Sarebbe facile definire Sergio Marchionne come l’eroe dei due mondi. Dopo Giuseppe Garibaldi è certamente il manager franco canadese il più degno a succedergli. Ed è un augurio che non nasconde doppi sensi perché per lui non c’è nessuna isola di Caprera in vista. Eppure qualche dubbio rimane. Non fosse altro perché a Marchionne il nuovo mondo piace molto più di quello vecchio. Angusta e claustrofobica l’Europa, vasta e piena di promesse l’America. E così a chi gli chiede conto, anche all’interno dell’azienda e persino da una imbarazzata proprietà, della progressiva perdita di quota nel vecchio continente, risponde citando le future scelte di Toyota.
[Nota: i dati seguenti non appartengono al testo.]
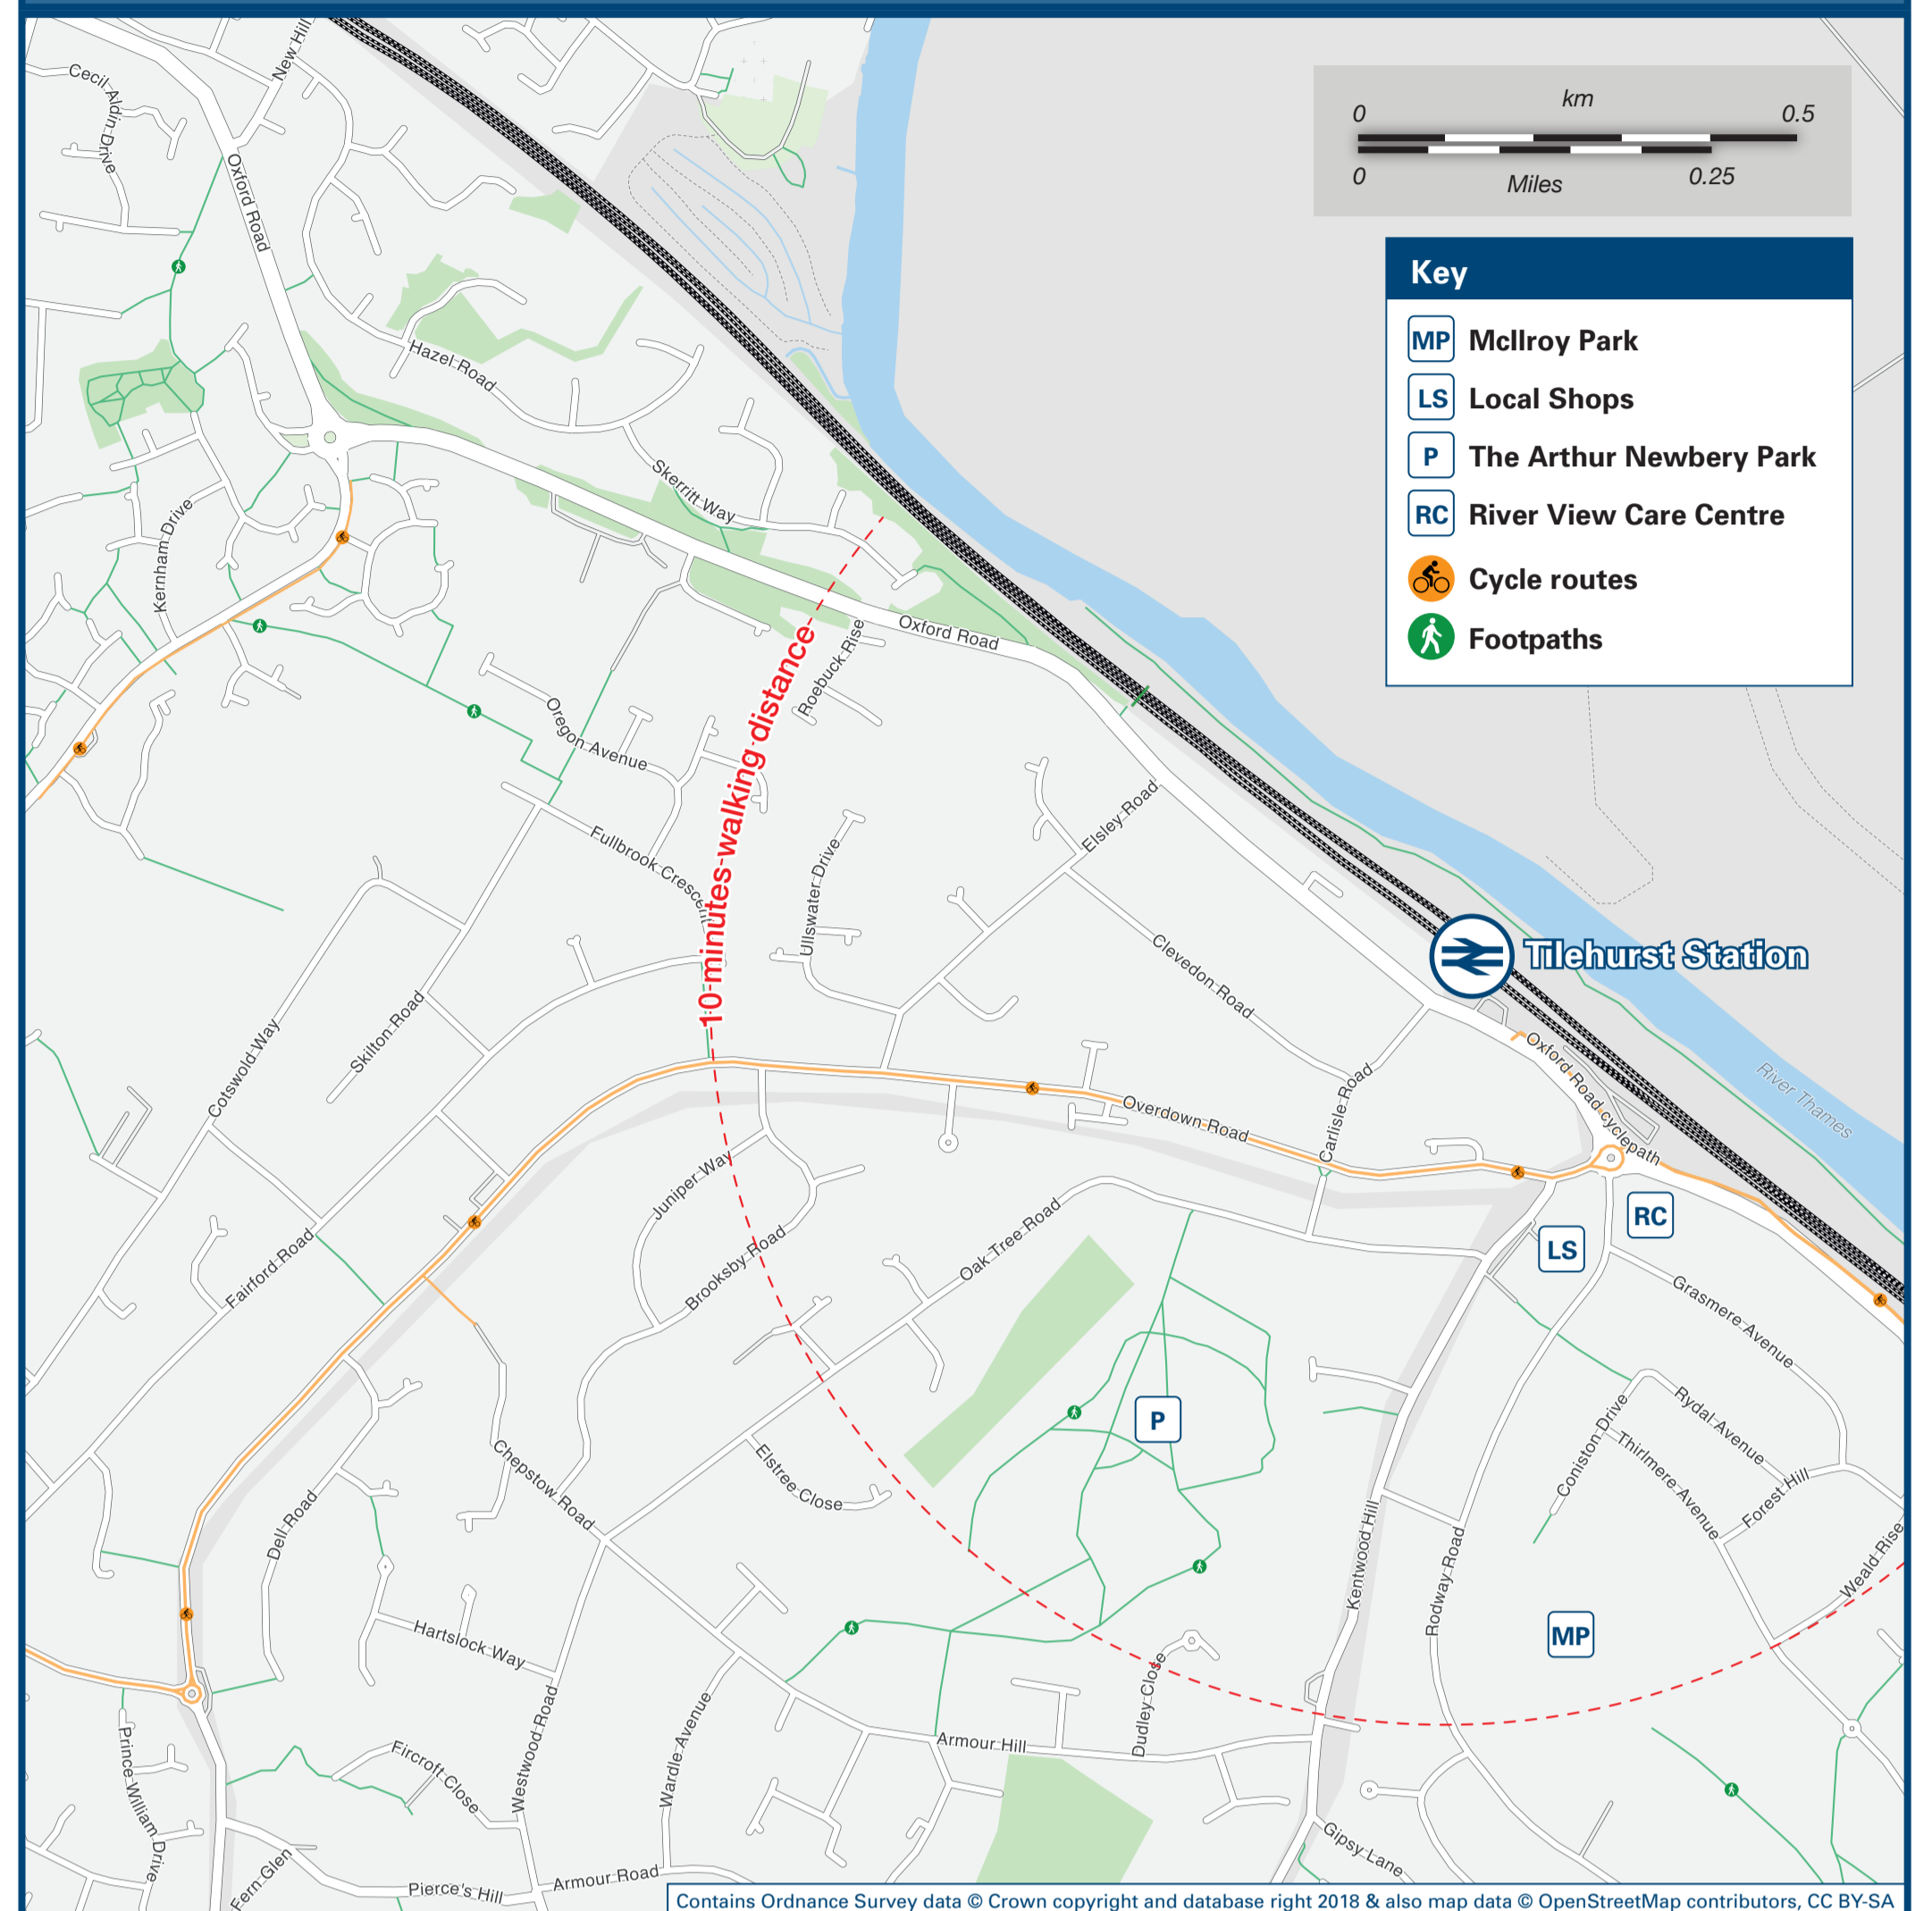

# Tilehurst Station

# Onward Travel Information

## Local area map

## Main destinations by bus

(Data correct at December 2018)

DESTINATION	BUS ROUTES	BUS STOP	DESTINATION	BUS ROUTES	BUS STOP	DESTINATION	BUS ROUTES	BUS STOP
Goring	143+	B	Reading (Town Centre) #	143	A	Tilehurst (Dark Lane)	16	D E
Lower Basildon	143+	B	Reading West (Oxford Road)	16, 143	C	Upper Basildon	143+	B
Pangbourne	143	B	Streatley	143+	B			
Purley	143	B						
	16	D E

C’è da pensare che le informazioni di prima mano non gli manchino perché a capo del marchio Fiat c’è ora quell’Andrea Formica che nella filiale europea della casa giapponese ha ricoperto fino a qualche mese fa, il ruolo di vicepresidente con delega alle vendite, marketing e pianificazione prodotto. Una strategia che potrebbe rendere più comprensibile l’abbandono di Toyota da parte di Andrea Formica ma anche di Massimo Nordico passato alla Volkswagen dopo essere stato il responsabile europeo della marca delle tre ellissi.
In breve Toyota sarebbe pronta a rinunciare alla difesa ad oltranza della sua presenza in Europa. Mercato ritenuto troppo competitivo per consentire ricavi accettabili. Grandi sforzi, quindi, e magri ricavi. E per la verità, nonostante i livelli qualitativi del prodotto, la positiva percezione dei suoi valori da parte del consumatore e della leadersheep conclamata nel campo delle vetture a basse emissioni, non ha mai ottenuto il successo che si sarebbe aspettata a fronte di investimenti così rilevanti. Ed infatti il 4.5% di quota si confronta con una percentuale analoga (esclusa l’Iitalia, naturalmente) da parte di Fiat. Che di investimenti, almeno in questi ultimi tempi, ne ha fatti davvero pochini.
E se questa è la decisione della grande Toyota allora perché non accodarsi ed occuparsi di un mercato americano che si può ormai affrontare a pieno titolo grazie alla maggioranza in Chrysler. Tutto logico se non fosse per la diversa dimensione dei due gruppi. Toyota, nonostante le difficoltà dovute alla catastrofe giapponese, rimane un leader a livello mondiale. Negli Stati Uniti nei primi tre mesi dell’anno ha venduto 150.000 auto più della Chrysler, e due suoi modelli figurano al quinto ed al settimo posto tra la top ten delle vetture più vendute. La presenza in Cina e India è in crescita e gli effetti del terremoto potranno comunque essere rapidamente neutralizzati.
Per Fiat il discorso è diverso. Rinunciare a difendere la quota in Europa significa trovarsi davanti a contrazioni rilevanti delle vendite in valore assoluto, solo in parte compensate da quelle di Chrysler che, pure in crescita negli Usa, sembra ancora molto lontana dalla redditività di Ford e GM. Senza contare che con il prezzo del gallone di carburante al di sopra dei quattro dollari nel breve andrebbero in crisi proprio i suoi modelli di maggior successo.
Perché se la Fiat è stata scelta da Obama per moralizzare gli americani sul piano di consumi ed emissioni, è pur vero che la tenuta di Chrysler è affidata ai pick up della Dodge equipaggiati con motori di vecchia generazione, cilindrata elevata e consumi smisurati. Una situazione transitoria in attesa del nuovo Suv destinato ad essere prodotto a Mirafiori con il marchio Alfa Romeo e Jeep che-potrebbe però rivelarsi non competitivo sul piano dei costi e quindi su quello dei prezzi. Produrre in euro e vendere in dollari, almeno allo stato attuale del cambio, potrebbe rivelarsi insostenibile. E qualcuno, negli Stati Uniti, ha cominciato ad attirare l’attenzione di Marchionne su questo tema.